───── Data section ─────

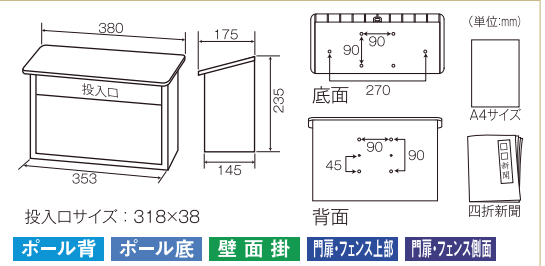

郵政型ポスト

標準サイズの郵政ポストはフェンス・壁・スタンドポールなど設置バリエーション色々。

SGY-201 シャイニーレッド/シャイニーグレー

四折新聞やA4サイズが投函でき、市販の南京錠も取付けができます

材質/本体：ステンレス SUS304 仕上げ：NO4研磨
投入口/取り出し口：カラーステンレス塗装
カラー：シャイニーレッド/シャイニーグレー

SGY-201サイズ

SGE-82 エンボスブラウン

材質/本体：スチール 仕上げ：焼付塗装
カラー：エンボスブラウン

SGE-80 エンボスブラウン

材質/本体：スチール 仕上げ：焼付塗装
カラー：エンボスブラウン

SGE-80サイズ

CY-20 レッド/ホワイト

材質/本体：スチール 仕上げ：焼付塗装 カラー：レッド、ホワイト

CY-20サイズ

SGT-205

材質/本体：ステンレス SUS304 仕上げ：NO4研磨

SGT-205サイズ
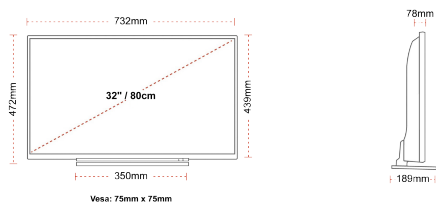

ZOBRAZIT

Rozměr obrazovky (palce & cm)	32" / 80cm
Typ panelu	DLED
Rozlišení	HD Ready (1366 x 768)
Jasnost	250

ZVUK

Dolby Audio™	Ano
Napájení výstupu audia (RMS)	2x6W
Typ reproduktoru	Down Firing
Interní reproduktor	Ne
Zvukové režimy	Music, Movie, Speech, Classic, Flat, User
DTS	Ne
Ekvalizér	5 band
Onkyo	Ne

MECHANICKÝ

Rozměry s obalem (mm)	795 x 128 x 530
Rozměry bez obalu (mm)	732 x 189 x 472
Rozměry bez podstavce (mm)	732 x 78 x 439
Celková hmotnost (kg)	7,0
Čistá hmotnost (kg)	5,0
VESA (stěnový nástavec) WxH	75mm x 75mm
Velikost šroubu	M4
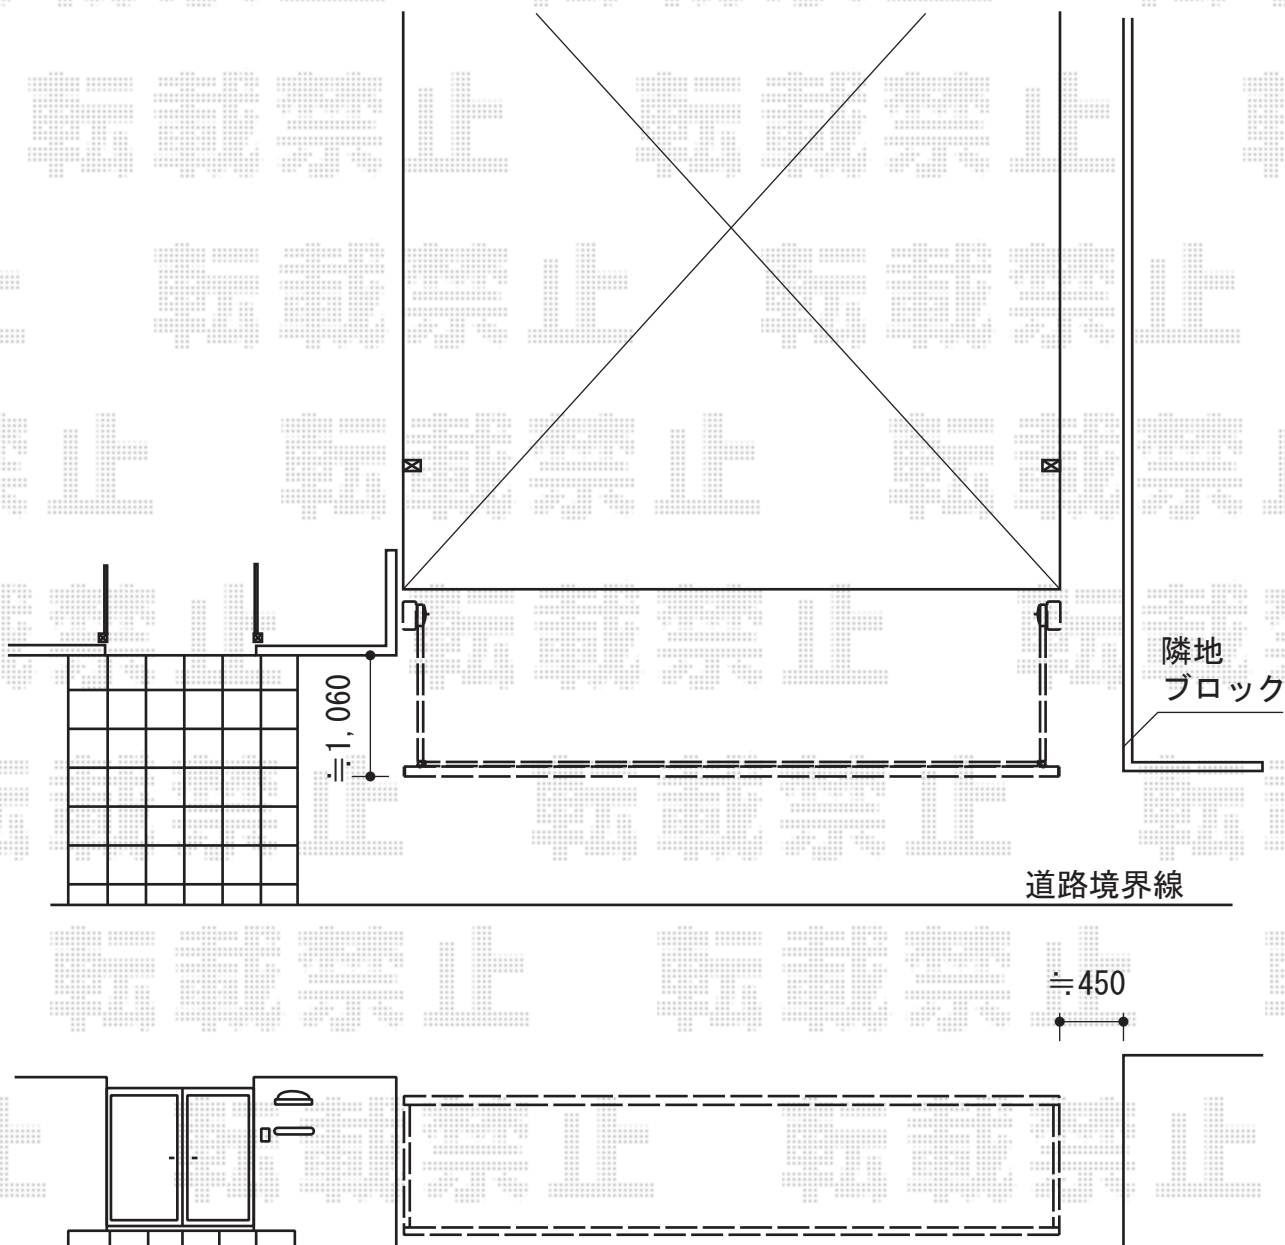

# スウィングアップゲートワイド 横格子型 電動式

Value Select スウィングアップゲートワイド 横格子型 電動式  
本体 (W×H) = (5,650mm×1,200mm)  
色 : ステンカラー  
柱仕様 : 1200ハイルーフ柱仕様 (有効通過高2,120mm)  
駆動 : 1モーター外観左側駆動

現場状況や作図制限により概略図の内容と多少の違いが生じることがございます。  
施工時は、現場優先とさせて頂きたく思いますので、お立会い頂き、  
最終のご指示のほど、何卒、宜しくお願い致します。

─────

Beginning with the line containing "Napájení výstupu audia" and ending with the last line of the data above, repeat each line exactly. Include no pictures and no other lines.

**Exercise solution**
Napájení výstupu audia (RMS)	2x6W
Typ reproduktoru	Down Firing
Interní reproduktor	Ne
Zvukové režimy	Music, Movie, Speech, Classic, Flat, User
DTS	Ne
Ekvalizér	5 band
Onkyo	Ne

MECHANICKÝ

Rozměry s obalem (mm)	795 x 128 x 530
Rozměry bez obalu (mm)	732 x 189 x 472
Rozměry bez podstavce (mm)	732 x 78 x 439
Celková hmotnost (kg)	7,0
Čistá hmotnost (kg)	5,0
VESA (stěnový nástavec) WxH	75mm x 75mm
Velikost šroubu	M4

# スウィングアップゲートワイド 横格子型 電動式

Value Select スウィングアップゲートワイド 横格子型 電動式  
本体 (W×H) = (5,650mm×1,200mm)  
色 : ステンカラー  
柱仕様 : 1200ハイルーフ柱仕様 (有効通過高2,120mm)  
駆動 : 1モーター外観左側駆動

現場状況や作図制限により概略図の内容と多少の違いが生じることがございます。  
施工時は、現場優先とさせて頂きたく思いますので、お立会い頂き、  
最終のご指示のほど、何卒、宜しくお願い致します。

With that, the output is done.